Сельскохозяйственный колледж, Институт Хаима Вейцмана – островок садов в Реховоте. Красивые здания, учебный корпус, окрестности – это надо видеть. День наполненный, радостный, богатый на знания, новое уважение к стране, которая рождена войной и все еще страдает.
9.09 Солнечно
Тель-Авив
Встал в 5.45, чтобы поехать на Мертвое море. Содом. Беэр-Шева. Перевалили через крутые холмы и спустились к самой низкой точке на планете. Ну и день. Снова 12 часов. Поразительные вещи делаются в этой маленькой стране. Строительство. Дороги. Орошение. Планирование и бои. День был очень трудный, но это того стоило. Побывал в кибуце на краю света, где молодые женатые семьи живут в полной изоляции среди недружелюбных соседей, чтобы развивать страну. Мужество. Это просто мужество.
10.09
Иерусалим
Какой город. Как кипит жизнь. Новые дороги. Новые заводы. Новое жилье. Тысячи туристов отовсюду. И евреи, и неевреи. Приехали сюда в 11 и поехали на экскурсию. Храм Холокоста. И моя Мэрилин не выдержала. У меня тоже навернулись слезы на глаза. Город – череда холмов. Новое и старое. Сад, где выставлена коллекция Билли Роуза. Музей тоже в красивейшем месте. Музей большой, просторный, полон произведениями искусства. Здорово посмотреть на город с этой точки. Ужин. Прошлись по улицам. Лег в 10.
11.09 Четверг
Увидеть холмы Иерусалима в 1979 году. Вид красивый. Географическая точка та же самая, но с современным жильем, хорошими дорогами, грузовиками, автобусами, машинами, кондиционерами – все, чтобы жилось лучше. Здешний климат – ночью прохладно, днем тепло, если из пустыни не дует ветер.
12.09
Солнечно
Были в Старом городе в Иерусалиме. Стена Плача. Гробница Иисуса. И Давида. Прошлись по узким улицам арабского квартала. Полно магазинов, на самом деле это лавчонки. Преобладают запахи и грязь. Наш отель был на границе Израиля с Иорданией. Интересные сцены перед С. П. Беспрерывные молитвы. Бар мицвы. Свадьбы. И т. п. Вернулись домой в час. Снова устали после всех экскурсий. 2,5-часовая экскурсия, чисто пешая. В Старом городе нет машин. Затем – больница «Хадасса». Женщины Америки должны гордиться результатом своих усилий. На территории есть здание, которое используется как научный центр, там хранятся фотографии евреев, убитых в Германии. Ужасающе, в глазах темнеет от обиды и слез. Не можешь понять, как цивилизованная христианская нация могла позволить какому-то мелкому смутьяну подбить ее на такие зверства. Затем – туда, где похоронены основатель сионизма Герцль и его семья. Также в холмах кладбище погибших на всех войнах. Возраст – от 13 до 79 лет. Воевали все. Оттуда – в кнессет, колледж и другие крупные центры госуправления и образования.

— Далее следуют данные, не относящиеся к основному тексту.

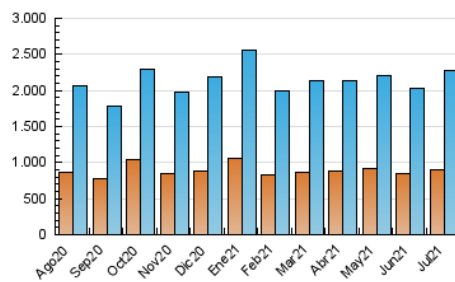

4.3 Por meses

N. únicos / Visitas (x 1000)
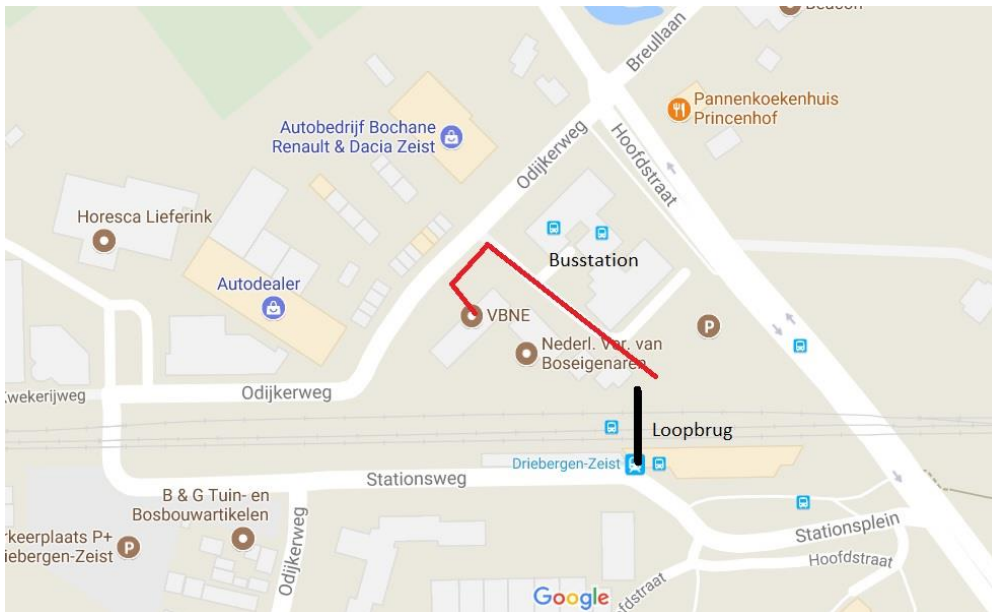

Met openbaar vervoer

- Ons kantoor ligt direct naast treinstation Driebergen-Zeist.
- U loopt via de loopbrug of perron richting het busstation.
- Loop langs het busstation en ga aan het einde links af. (steek de straat niet over)
- Meteen weer links, steek de parkeerplaats over naar de voordeur van ons kantoor.
- De ingang van de VBNE bevindt zich bij de tweede deur aan uw linkerhand van het kantorencomplex.

Met de auto vanaf rijksweg A12, Den Haag/Utrecht - Arnhem

- Neem afslag Driebergen.
- Ga richting Zeist.
- Voor de spoorwegovergang (bij het station) bij het stoplicht links richting Odijk.
- Rijdt langs de ingang van de parkeergarage en sla rechts af.
- Daarna met de weg mee, rechts de overweg over.
- Bij de slagboom rechts naar het parkeerterrein van het kantorencomplex.
- Bij de slagboom belt u aan bij de VBNE.

Met de auto vanuit Zeist

- Vóór de spoorwegovergang bij de stoplichten rechtsaf de Odijkerweg inslaan.
- Bij de inrit van het parkeerterrein van het kantorencomplex links.
- Bij de slagboom belt u aan bij de VBNE.

Какой красивый город. Полон истории и чудес. Все дороги ведут не в Рим, а в Иерусалим. Рад, что мне выпал шанс здесь побывать.
13.09
Шабат и Рош а-Шана
6 часов утра. Из нашего номера в отеле «Царь Давид» открывается красивейший вид на холмы Иерусалима. В каких-то 400 метрах от нашего отеля была иорданская граница, где среди развалин Старого города стояли снайперы и обстреливали Новый город. Здесь было 39 культовых сооружений, и все они были взорваны арабами во время последней Войны. Эти люди заслуживают всяческой помощи и похвал всей диаспоры. Защитникам этого города от 18 до 25 лет. По всему городу рассредоточены солдаты, но они держатся незаметно. Это современный город, где сохранены все старые руины. Сегодня наш последний день в городе, о возвращении в который евреи молились 2000 лет, и теперь я могу понять, почему. Надеюсь, им никогда не придется его покинуть.

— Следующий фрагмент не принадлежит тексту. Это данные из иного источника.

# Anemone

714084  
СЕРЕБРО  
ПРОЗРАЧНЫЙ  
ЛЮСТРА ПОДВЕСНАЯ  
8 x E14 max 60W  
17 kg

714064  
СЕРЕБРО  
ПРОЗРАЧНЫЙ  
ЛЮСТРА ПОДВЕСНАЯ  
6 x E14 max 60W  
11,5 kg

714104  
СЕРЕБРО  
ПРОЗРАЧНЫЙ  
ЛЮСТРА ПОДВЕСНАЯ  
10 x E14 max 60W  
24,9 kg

Когда вошел Смайлсбургер, я читал, а также записывал, делал заметки, пытливо прорабатывая каждую тягомотную страницу дневника, – для предисловия, которое, как утверждал Суппосник, приблизит публикации Клингхоффера в Америке и Европе. А что еще мне было делать? Что еще я вообще умею делать? Тут я даже над собой не властен. В голову понемножку стали залетать мысли, обрывки мыслей, и я стал их ловить, чтобы – одновременно – распутать и сплести воедино, это мое прирожденное занятие, непреходящая потребность, особенно когда на меня давят сильные чувства вроде страха. Писал я не на обороте счета из «Американской колонии», куда раньше скопировал с классной доски загадочные слова на иврите, начертанные мелом, а на дюжине чистых страниц, которыми кончалась красная записная книжка. Я не нашел ничего другого, где мог бы делать более-менее пространные заметки; постепенно, когда во мне решительно возобладало привычное, прежнее состояние души (а также, пожалуй, в знак протеста против своего загадочного полузаточения), я обнаружил, что углубляюсь шаг за шагом в хорошо знакомую мне бездну: вначале – шок от того, что твой нечестивый почерк соседствует с почерком убиенного мученика, угрызения совести добропорядочного гражданина, который обошелся варварски если и не со священным текстом, то с редкостью, которая определенно ценна для архивистов; затем эти чувства сменились нелепо-ученической оценкой своего положения – меня же специально ради этого похитили и втолкнули в этот класс, меня не отпустят на волю, пока толковое предисловие, отражающее верный еврейский взгляд на вещи, не будет сочинено и передано в надлежащие руки.
Ниже – впечатления, которые я начал записывать начерно еще до того, как Смайлсбургер лукаво вышел на сцену и многословно объяснил, зачем я здесь на самом деле. Когда он обработал меня как следует, я обнаружил: две тысячи сочувственных слов в память о человечности Клингхоффера – лишь самое малое, чего требовали обстоятельства.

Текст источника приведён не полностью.